Since HTTP is a stateless service, in order to satisfy some stateful services, the following occurs. Cookies and sessions are stateful services.

cookie

Cookie information is stored in the client, that is, in some local files, but the nature of cookie may lead to security risks. An important property of cookies is that they cannot be executed across domains.

session

Session is also the mechanism for recording sessions between C and B. The session is implemented based on cookies, but the session is stored on the server, and the session ID is stored in the cookie on the client.

  1. The user requests the server, and the server creates a session based on the user’s submission information.
  2. Returns the unique sessionid to the client
  3. After receiving the sessionID, store it in the cookie and record the domain name
  4. Search for the cookie information under the domain name and send it to the server, but not invalid.

token

A token is a stateless token. Token composition: uid+timestamp+sign !!!! Compared with session, there is no need to store information in memory or disk, but only need to perform decryption and encryption algorithm to know user information. Therefore, in some scenarios where user status is not required, token has the characteristics of high security, cross-domain and stateless.

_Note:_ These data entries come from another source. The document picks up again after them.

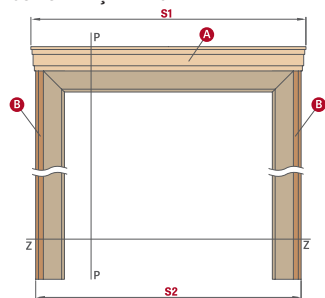

COROANA ȘI PILAȘTRI

A - coroană **B** - pilaștru

LĂȚIMEA UȘII	TOC REGLABIL PENTRU UȘI CU FALT + COROANE ȘI PILAȘTRI	
	S1	S2
70	978	928
80	1078	1028

dimensiuni exprimate în mm
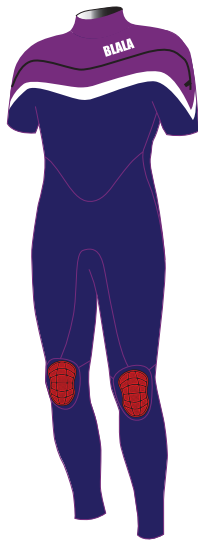

BLWIDE

ブライド

MENS LADYS

BLALA で 1 番人気の BLWIDE

フロントの左右に大きく開くソフトストレッチファスナーをつける事により、
脱着を容易にしました。内側は 2 重構造で防水性も高まりました

(フルスーツのみにインナーフラップが付いています)

NO,64

ソフトストレッチファスナーは
防水ファスナーではありません

MST

B-parts

フラップ部分

NO,59

BLALA

PST

C-parts

ライン部分

DGR

A-parts

胸 腕 脚

フルスーツ 5*3 ¥98,000(税込 107,800)

3*3 ¥95,000(税込 104,500)

3*2

2*2 ¥92,000(税込 101,200)

膝パットは

3色から選べます

(RED,WHT,BLK)

指定のない場合は、BLK になります

GRP

WHT

NVY

シーガル 3*2 ¥87,000(税込 95,700)

2*2 ¥85,000(税込 93,500)
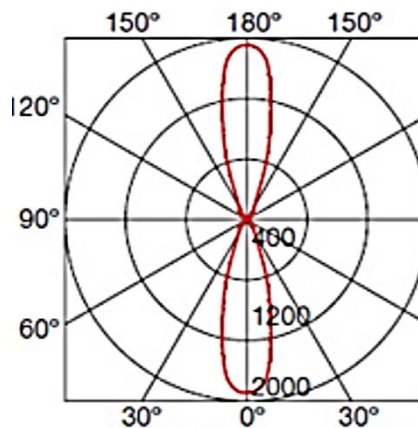

TECHNICAL INFORMATION / INFORMACIÓN TÉCNICA

USAGE / APLICACIÓN	Wall Outdoor Lamp/ Lámpara de Pared Exterior				
TECHNOLOGY / TECNOLOGÍA	LED				
AVAILABLE OPTIONS / OPCIONES DISPONIBLES	10W	3000K	110V-240V	L-20cm A-6cm H-9cm	800Lm
IP RATING	IP54				
FINISH	Black Aluminium Body / Cuerpo de Aluminio Negro				
ADDITIONAL INFORMATION / INFORMACIÓN ADICIONAL	<ul style="list-style-type: none"> Outdoor Use / Uso Exterior. Up&Down Light Effect / Efecto de Iluminación arriba y abajo. Non Waterproof / No es a prueba de agua. 				
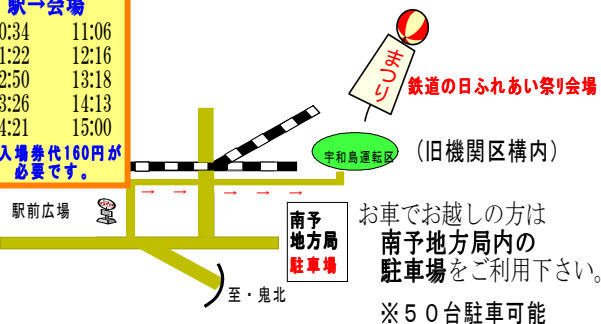

# 11月4日(日)

10:00~15:00

「鉄道ホビートレイン」

シャトル列車時刻表

駅→会場	
10:34	11:06
11:22	12:16
12:50	13:18
13:26	14:13
14:21	15:00

※入場券代160円が必要です。

巨大な青いレールに乗った観光列車「鉄道ホビートレイン」の展示  
観光列車「海洋堂ホビートレインかっぱうようよ号」による転車台体験

### ミニ列車運転

レールスター体験  
JR制帽、上着を着用しての社員撮影
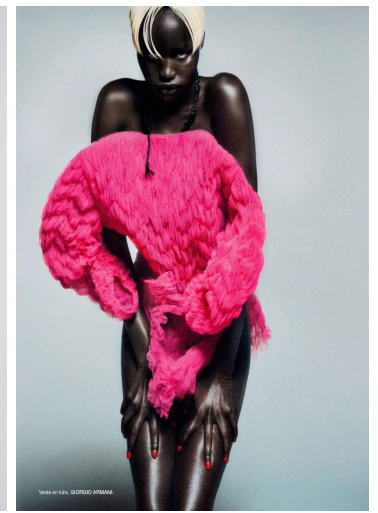

ADIT PRISCILLA

GRÖSSE **180** OBERWEITE **79**
TAILLE **61** HÜFTE **87**
SCHUHE **40** HAARE **SCHWARZ**
AUGEN **BRAUN**

M4
MODELS

HEIGHT **5' 11"** BUST **31"**
WAIST **24"** HIPS **34"**
SHOES **9** HAIR **BLACK**
EYES **BROWN**

SUMMER 2023
ALICANTE, SPAIN
missoni.com

MISSONI

226

MODE
tétamorphoses
ALBER ELBAZ
Le maestro
célébre
LOLO ZOUAI
l'avenir de la pop
GEORGIA
O'KEEFFE
au Centre
Pompidou

Magnétique

VOGUE
PORTUGAL
WINNERS NEVER QUIT
THE SPORTS ISSUE
PRISCILLA
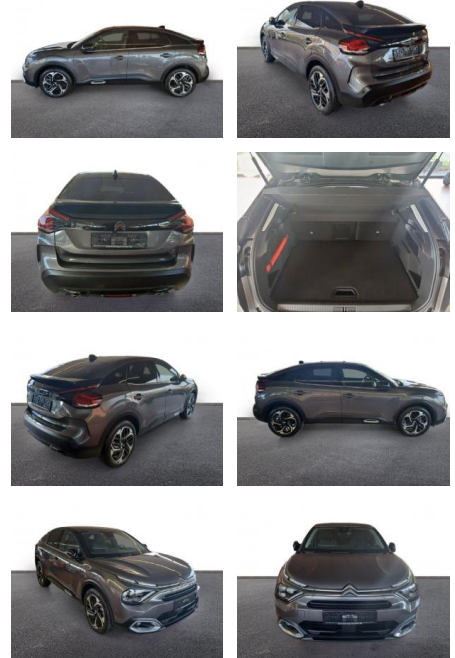

## Citroën C4 Shine 1.2 PureTech 130 Navi

AH32-PE05672 Angebotsnr.:

Erstzulassung:	Kilometer:	Farbe:	Leistung:	Kraftstoffart:
01.09.2023	19.228	Grau	96 kW / 131 PS	Benzin

**PREIS**  
**19.220 €**

**FINANZIERUNGSBEISPIEL**  
Laufzeit: 72 Monate      Anzahlung: 25 %  
Basis-Finanzierung:\*      Mtl. Rate:  
Zielraten-Finanzierung:\*\* **122 €**
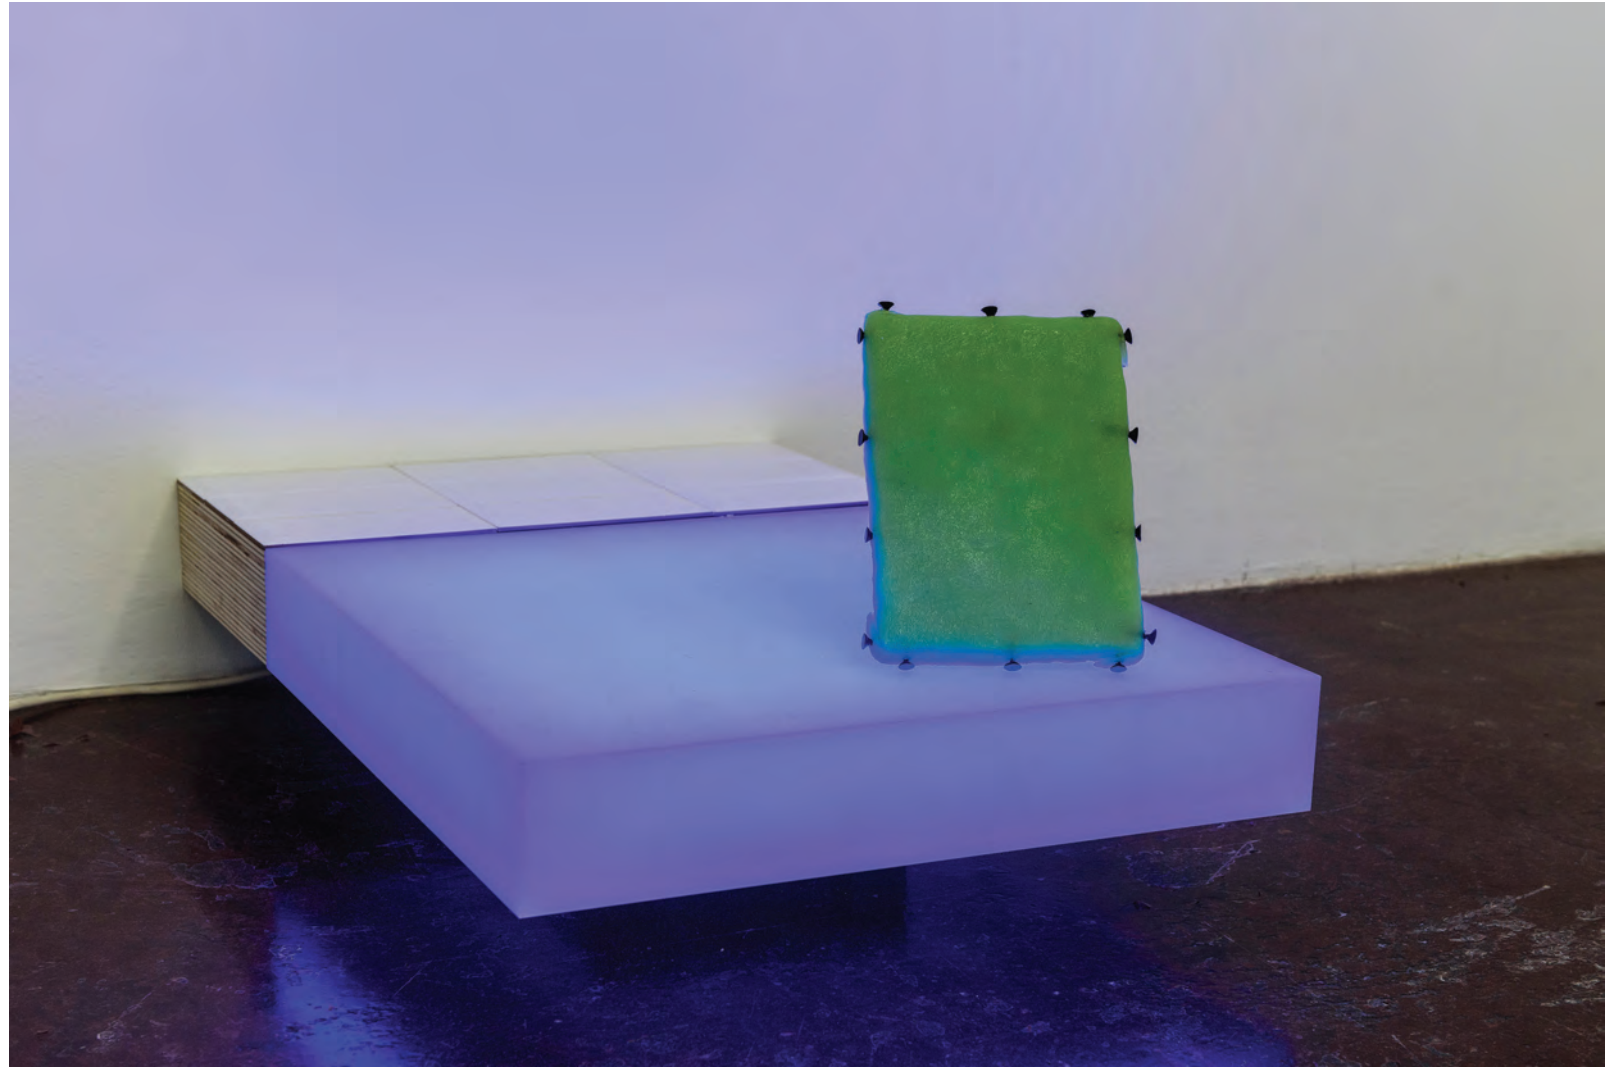

**NF /** *Terraza 2 (detalle)*  
2018  
Madera y tubos de neón  
310x385x23,5 cm

**NF /** Variaciones  
2018  
Resina y acrílico  
Medidas variables

**NF /** Variaciones (detalle)  
2018  
Resina y acrílico  
Medidas variables
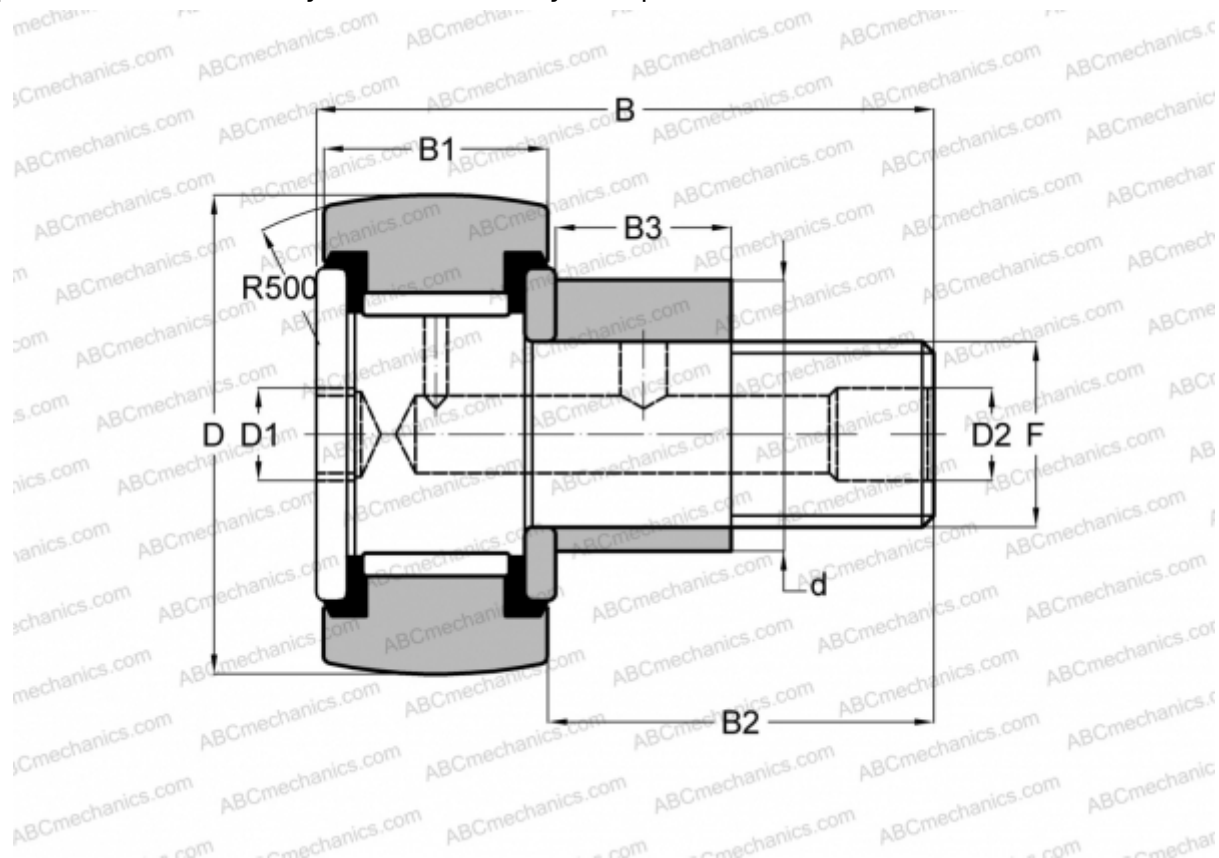

## CFE 44 PPY INA

Опорные ролики с цапфой

ТИП: Роликоподшипники, Опорные ролики с цапфой, Эксцентриковое закрепительное кольцо, шестигранник, контактные уплотнения с двух сторон, дюймовые

### Технические характеристики

#### РАЗМЕРЫ, ММ

d	34,925
D	69,850
D1	12,700
D2	4,763
B	96,043
B1	38,100
B2	57,150
B3	28,575
T	28,575
F	1-14

**МАССА, КГ** 1,374

**ПРОИЗВОДИТЕЛЬ** [INA](http://www.ina.com)
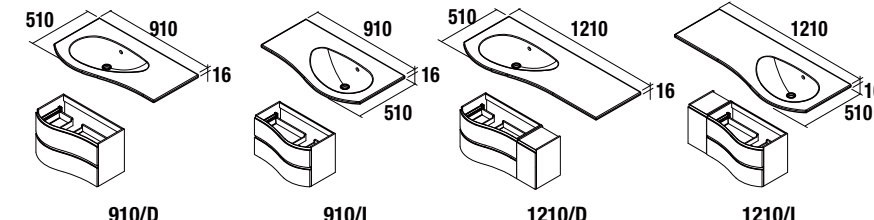

cod.	cod.	cod.	cod.
83876	83877	83878	83879

Lavabo integral MAM de carga mineral acabado brillo, sin taladro para el grifo, para grifo de pared.
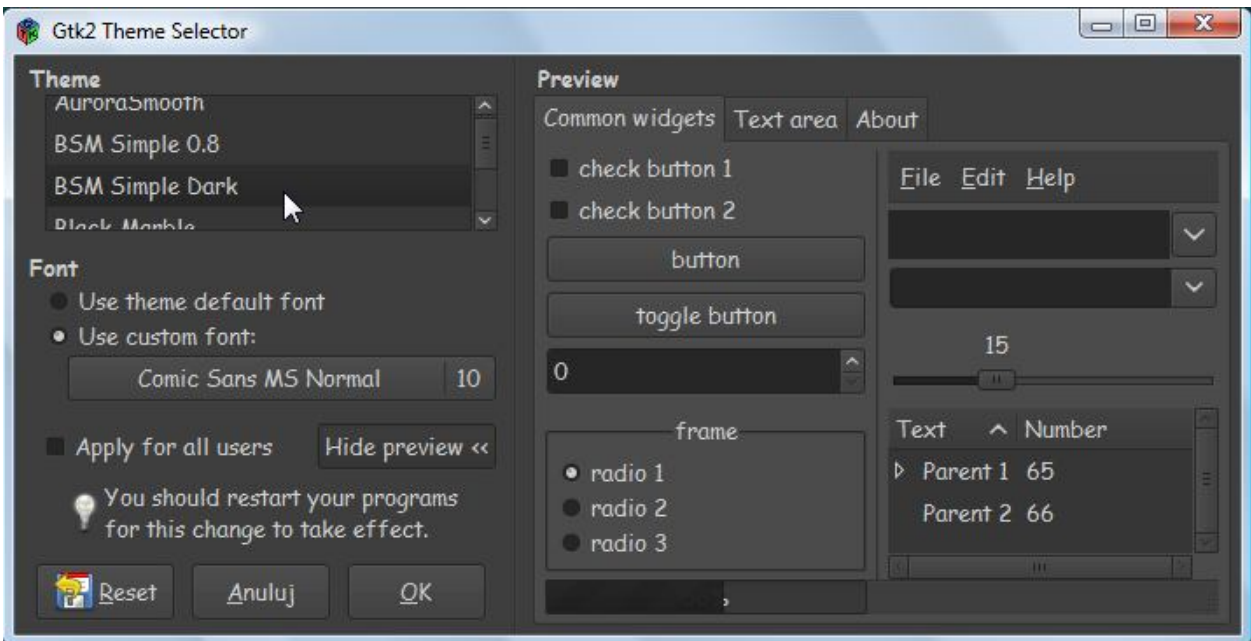

## Wizualizacja wybranych motywów.

Poniżej pokazano niektóre z motywów zawartych w zbiorze w celu ułatwienia instalacji pożądaných.

Aero

Aero-ion3.1

**Opracowanie:**  
**Zbigniew Malach**  
**Zbyma72age**
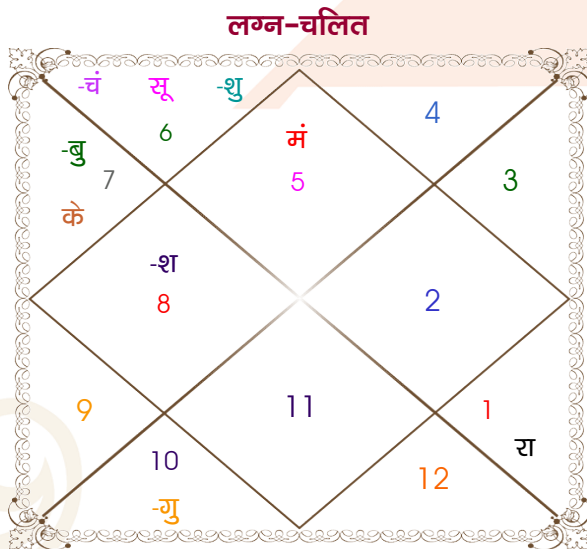

Pranay Wakharkar

Bhakti Adhikar

Model: Web-FreeMatching

Order No: 121826704

पुल्लिंग : _____ लिंग _____ : स्त्रीलिंग
 12-13/10/1985 : _____ जन्म तिथि _____ : 17/01/1995
 शनि-रविवार : _____ दिन _____ : मंगलवार
 घंटे 04:32:00 : _____ जन्म समय _____ : 18:07:00 घंटे
 घटी 55:25:16 : _____ जन्म समय(घटी) _____ : 27:24:23 घटी
 India : _____ देश _____ : India
 Indore : _____ स्थान _____ : Khargone
 22:42:00 उत्तर : _____ अक्षांश _____ : 21:49:00 उत्तर
 75:54:00 पूर्व : _____ रेखांश _____ : 75:39:00 पूर्व
 82:30:00 पूर्व : _____ मध्य रेखांश _____ : 82:30:00 पूर्व
 घंटे -00:26:24 : _____ स्थानिक संस्कार _____ : -00:27:24 घंटे
 घंटे 00:00:00 : _____ ग्रीष्म संस्कार _____ : 00:00:00 घंटे
 06:21:53 : _____ सूर्योदय _____ : 07:08:41
 18:02:53 : _____ सूर्यास्त _____ : 18:06:11
 23:39:18 : _____ चित्रपक्षीय अयनांश _____ : 23:47:29

अष्टकूट गुण सारिणी

कूट	वर	कन्या	अंक	प्राप्त	दोष	क्षेत्र
वर्ण	वैश्य	विप्र	1	0.00	--	जातीय कर्म
वश्य	मानव	जलचर	2	1.00	--	स्वभाव
तारा	प्रत्यारि	साधक	3	1.50	--	भाग्य
योनि	गौ	मेष	4	3.00	--	यौन विचार
मैत्री	बुध	चन्द्र	5	1.00	--	आपसी सम्बन्ध
गण	मनुष्य	देव	6	5.00	--	सामाजिकता
भकूट	कन्या	कर्क	7	7.00	--	जीवन शैली
नाड़ी	आद्य	मध्य	8	8.00	--	स्वास्थ्य/संतान
कुल :			36	26.50		
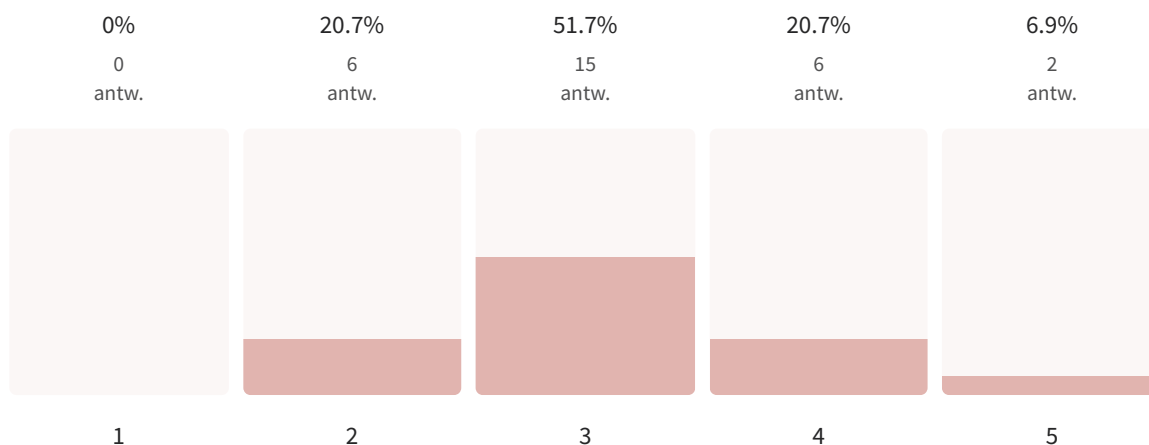

Jouw punten voor jouw gemeente als muziekvriendelijke gemeente

29 van 29 mensen hebben deze vraag beantwoord

3.1 Gemiddelde beoordeling
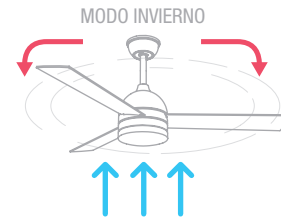

Ventilador Olaf

Olaf ceiling fan

REF. VT-OLAF
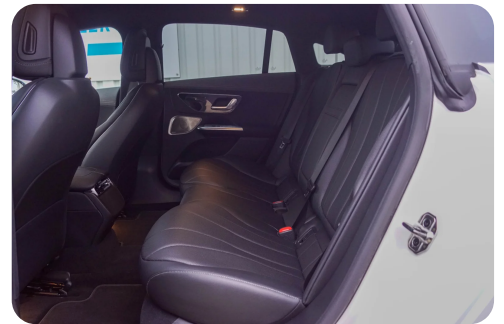

Billeder (24)

Se flere billeder på: hybrid.carskingo.dk/biler/mercedes-eqe350--electric-art-r9chdjedeif

Refresh token and Access token

The access token exists for a short period of time. If the password is entered frequently, the user experience will be poor. Therefore, when the Access Token is set to refresh, it will send the refresh token once the Access token expires. New Access tokens are allocated. If it expires, you still need to log in again.

JWt(JSON WEB TOKEN)

The existence of JWT simplifies cross-domain problems. If I want to have a network of two departments in a company, I am logged in to one and the other is available. If session is used, the shared session needs to be written into the database for persistence. This problem is too much work and the persistence layer may fail.

JWT is a stateless expression.

{
   name:liuyi
   like:game
   expire:2020-8-10 20:10:00 
}
Copy the code

It looks something like this when it’s encrypted.

Header. paypay. Signature Consists of three parts. Separated.

header

Header is a JSON object that describes the signature algorithm and token type.

{
    "alg":"HS256",
    "typ":"JWT"
}
Copy the code

alg(algorithm),typ(type)

playload

Officially, there are seven fields. Iss (Issuer) : exp (expiration time) : expiration time sub (subject) : aud (audience) : NBF (Not Before) : iAT (Issued At) : Issue time JTI (JWT ID) : The number can be customized.

{
    "sub":"no"
    "name":"liuyi"
}
Copy the code

Note that JWT is unencrypted by default and anyone can read it, so don’t put secret information in this section.

The JSON object is also converted to a string using the Base64URL algorithm.

Signature

Encrypting the first two parts to prevent data tampering requires a secret key. Use the signature algorithm in the header for encryption.


HMACSHA256(
  base64UrlEncode(header) + "." +
  base64UrlEncode(payload),
  secret)
Copy the code

And then we use these three parts. Separate the return to the user.

Total Copy for Mark

(1) JWT is not encrypted by default, but it can be encrypted. Once the original Token is generated, it can be encrypted again with the key.

(2) If JWT is not encrypted, secret data cannot be written to JWT.

(3) JWT can be used not only for authentication, but also for information exchange. Using JWT effectively can reduce the number of times the server queries the database.

(4) The biggest disadvantage of JWT is that the server does not store the session state, so it cannot revoke a token or change the permission of the token during use. That is, once a JWT is issued, it remains valid until expiration, unless the server deploys additional logic.

(5) JWT itself contains authentication information, once disclosed, anyone can obtain all permissions to this token. To reduce theft, JWT expiration dates should be shorter. For some important permissions, the user should be authenticated again.

(6) In order to reduce embezzlement, JWT should not use HTTP protocol for explicit code transmission, but HTTPS protocol for transmission.